_Activity_
Go to the line with "Catch Porch Pirates" in the records below, then output it and each following line exactly, up to and including the line with "mounting brkt. p...". Skip pictures and add nothing.

(Beginning of Records for the exercise)

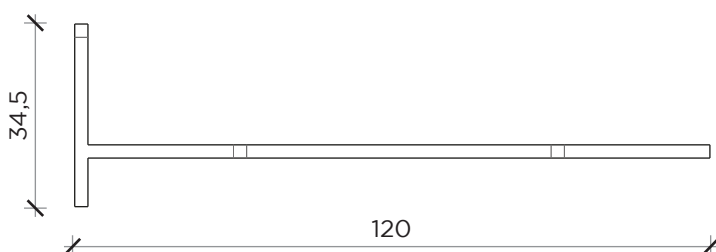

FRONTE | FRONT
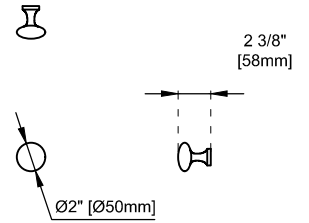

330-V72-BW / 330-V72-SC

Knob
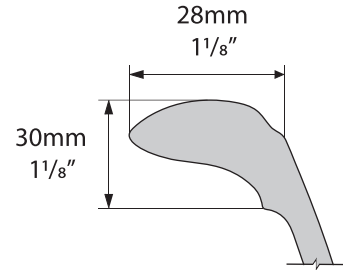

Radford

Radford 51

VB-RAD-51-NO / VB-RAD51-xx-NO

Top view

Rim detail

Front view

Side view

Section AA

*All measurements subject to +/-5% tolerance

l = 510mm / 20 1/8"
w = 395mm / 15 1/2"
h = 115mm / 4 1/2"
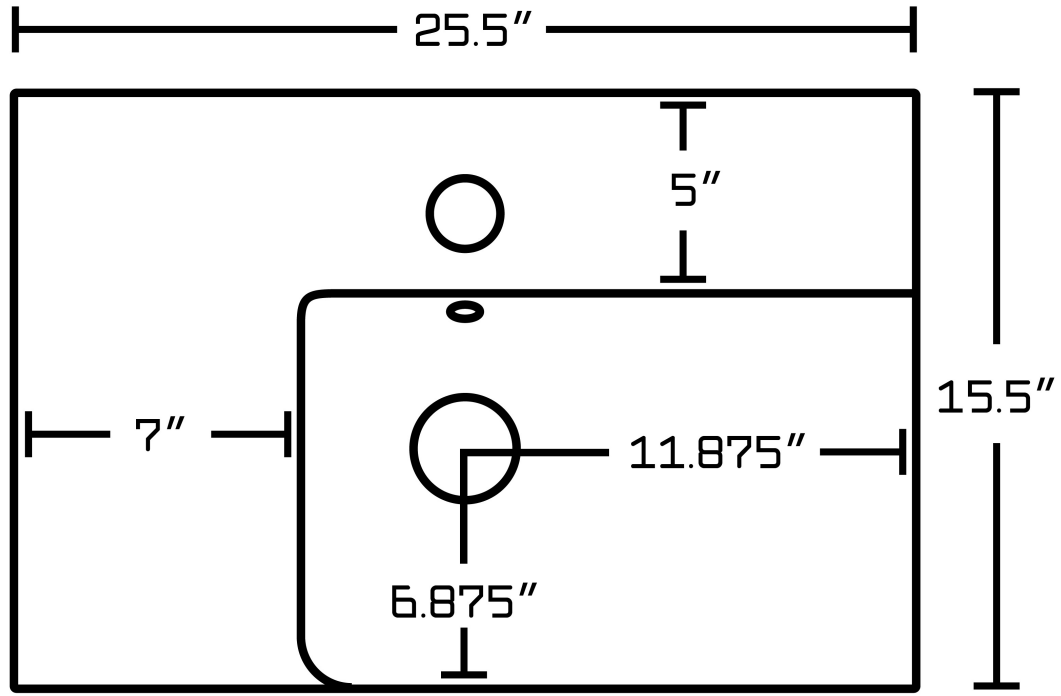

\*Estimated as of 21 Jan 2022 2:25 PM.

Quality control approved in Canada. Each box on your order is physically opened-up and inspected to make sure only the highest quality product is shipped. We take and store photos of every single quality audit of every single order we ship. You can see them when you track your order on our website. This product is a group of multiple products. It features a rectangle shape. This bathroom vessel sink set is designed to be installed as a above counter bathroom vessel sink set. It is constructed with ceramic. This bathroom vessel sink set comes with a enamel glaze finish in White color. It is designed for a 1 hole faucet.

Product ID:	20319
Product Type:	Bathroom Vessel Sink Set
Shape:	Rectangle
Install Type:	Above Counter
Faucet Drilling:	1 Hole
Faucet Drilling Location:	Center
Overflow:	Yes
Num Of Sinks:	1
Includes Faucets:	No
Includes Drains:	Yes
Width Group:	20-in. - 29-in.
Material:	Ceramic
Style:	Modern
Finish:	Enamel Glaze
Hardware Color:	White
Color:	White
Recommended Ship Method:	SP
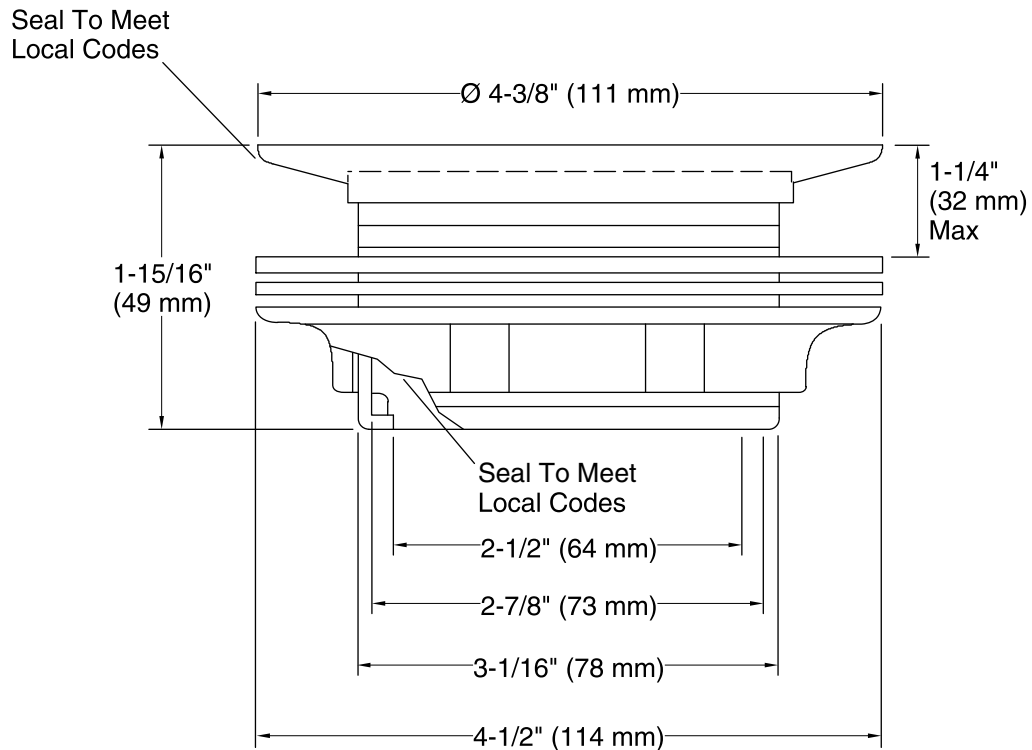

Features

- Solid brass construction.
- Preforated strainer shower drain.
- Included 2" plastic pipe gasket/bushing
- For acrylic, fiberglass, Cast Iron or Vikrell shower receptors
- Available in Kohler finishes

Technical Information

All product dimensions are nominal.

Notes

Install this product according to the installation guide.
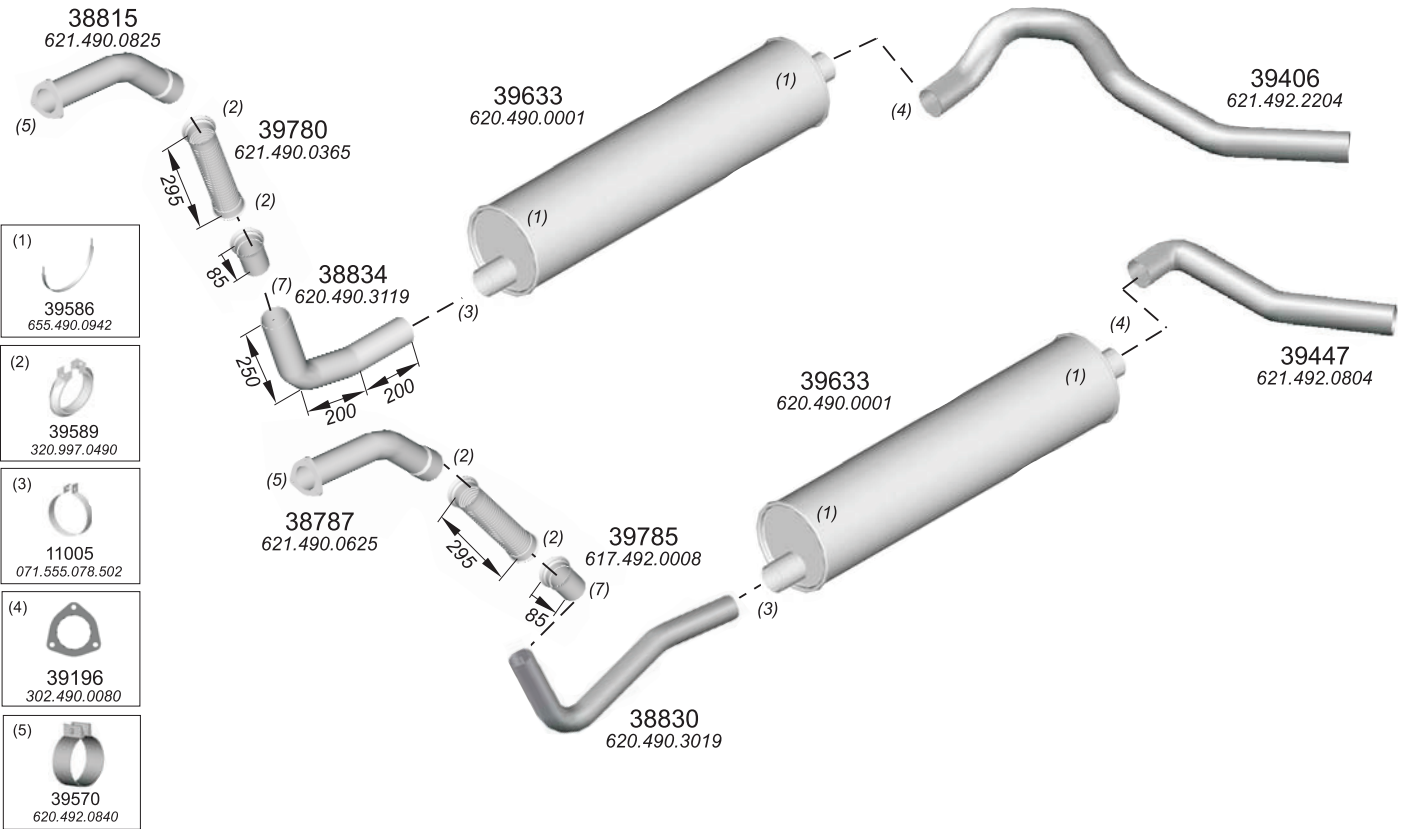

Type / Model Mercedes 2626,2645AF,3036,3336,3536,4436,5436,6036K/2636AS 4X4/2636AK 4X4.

(End of Records for the exercise)
(Beginning of Records for the exercise)

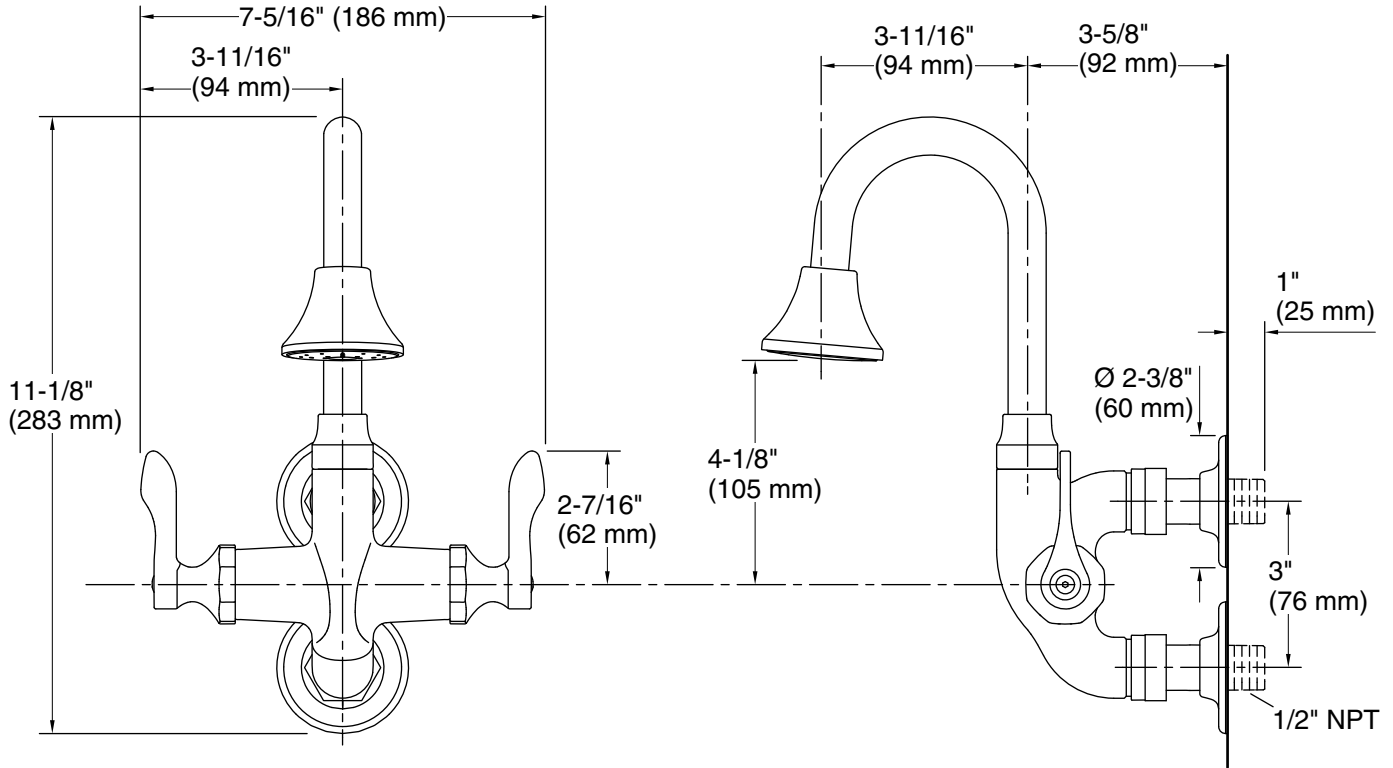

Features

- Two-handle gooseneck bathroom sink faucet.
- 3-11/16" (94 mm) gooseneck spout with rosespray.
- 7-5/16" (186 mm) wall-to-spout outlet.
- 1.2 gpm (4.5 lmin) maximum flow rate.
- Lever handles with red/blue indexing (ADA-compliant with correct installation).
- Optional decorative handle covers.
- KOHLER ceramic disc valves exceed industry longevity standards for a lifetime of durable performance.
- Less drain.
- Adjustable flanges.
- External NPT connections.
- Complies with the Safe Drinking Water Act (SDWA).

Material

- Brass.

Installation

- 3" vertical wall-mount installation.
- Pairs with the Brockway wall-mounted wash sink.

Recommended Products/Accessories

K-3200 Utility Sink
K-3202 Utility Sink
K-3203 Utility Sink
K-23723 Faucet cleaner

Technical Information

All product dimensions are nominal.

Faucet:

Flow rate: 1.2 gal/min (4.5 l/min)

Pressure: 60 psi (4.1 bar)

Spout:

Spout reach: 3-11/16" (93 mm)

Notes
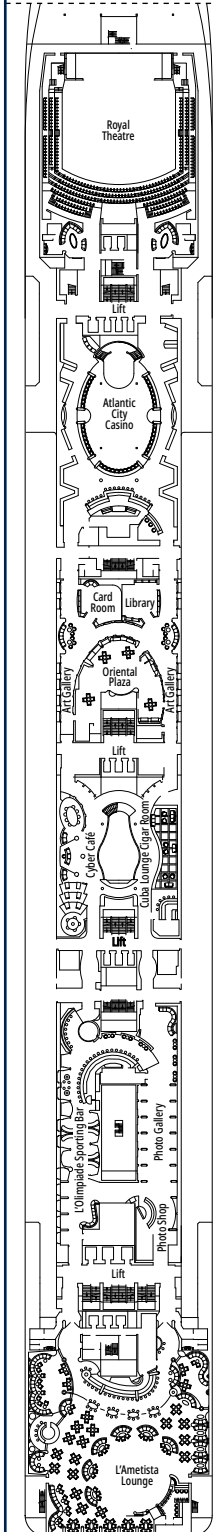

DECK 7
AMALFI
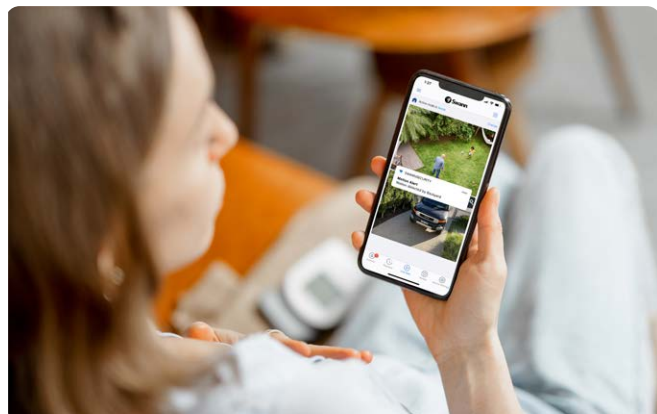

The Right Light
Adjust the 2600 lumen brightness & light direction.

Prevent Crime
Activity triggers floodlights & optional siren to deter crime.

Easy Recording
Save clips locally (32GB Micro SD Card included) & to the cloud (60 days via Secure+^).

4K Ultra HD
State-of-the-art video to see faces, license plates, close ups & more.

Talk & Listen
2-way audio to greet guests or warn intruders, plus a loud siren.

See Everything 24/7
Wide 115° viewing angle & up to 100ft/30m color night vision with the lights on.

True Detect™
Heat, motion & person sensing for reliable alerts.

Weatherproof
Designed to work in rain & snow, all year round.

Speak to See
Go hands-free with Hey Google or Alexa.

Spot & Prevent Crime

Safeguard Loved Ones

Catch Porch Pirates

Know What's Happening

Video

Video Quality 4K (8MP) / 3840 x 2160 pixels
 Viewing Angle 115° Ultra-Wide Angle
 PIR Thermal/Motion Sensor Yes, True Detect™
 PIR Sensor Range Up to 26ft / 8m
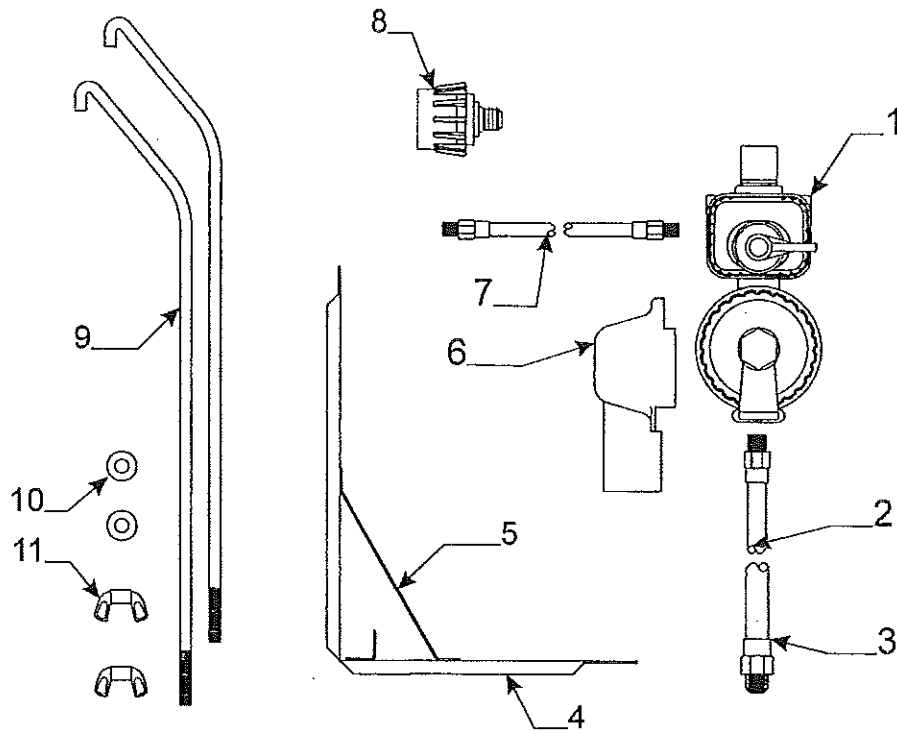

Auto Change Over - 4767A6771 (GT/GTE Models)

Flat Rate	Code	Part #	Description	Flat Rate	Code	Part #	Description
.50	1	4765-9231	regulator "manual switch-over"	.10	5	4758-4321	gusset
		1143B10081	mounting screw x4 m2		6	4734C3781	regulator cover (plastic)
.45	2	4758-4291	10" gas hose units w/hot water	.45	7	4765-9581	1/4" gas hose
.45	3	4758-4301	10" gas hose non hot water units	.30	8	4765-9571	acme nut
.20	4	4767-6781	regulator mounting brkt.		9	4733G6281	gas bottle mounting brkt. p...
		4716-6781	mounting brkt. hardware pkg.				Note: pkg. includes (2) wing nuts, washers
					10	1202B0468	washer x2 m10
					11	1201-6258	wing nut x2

(End of Records for the exercise)

_Output for this exercise_
Catch Porch Pirates

Know What's Happening

Video

Video Quality 4K (8MP) / 3840 x 2160 pixels
 Viewing Angle 115° Ultra-Wide Angle
 PIR Thermal/Motion Sensor Yes, True Detect™
 PIR Sensor Range Up to 26ft / 8m

Auto Change Over - 4767A6771 (GT/GTE Models)

Flat Rate	Code	Part #	Description	Flat Rate	Code	Part #	Description
.50	1	4765-9231	regulator "manual switch-over"	.10	5	4758-4321	gusset
		1143B10081	mounting screw x4 m2		6	4734C3781	regulator cover (plastic)
.45	2	4758-4291	10" gas hose units w/hot water	.45	7	4765-9581	1/4" gas hose
.45	3	4758-4301	10" gas hose non hot water units	.30	8	4765-9571	acme nut
.20	4	4767-6781	regulator mounting brkt.		9	4733G6281	gas bottle mounting brkt. p...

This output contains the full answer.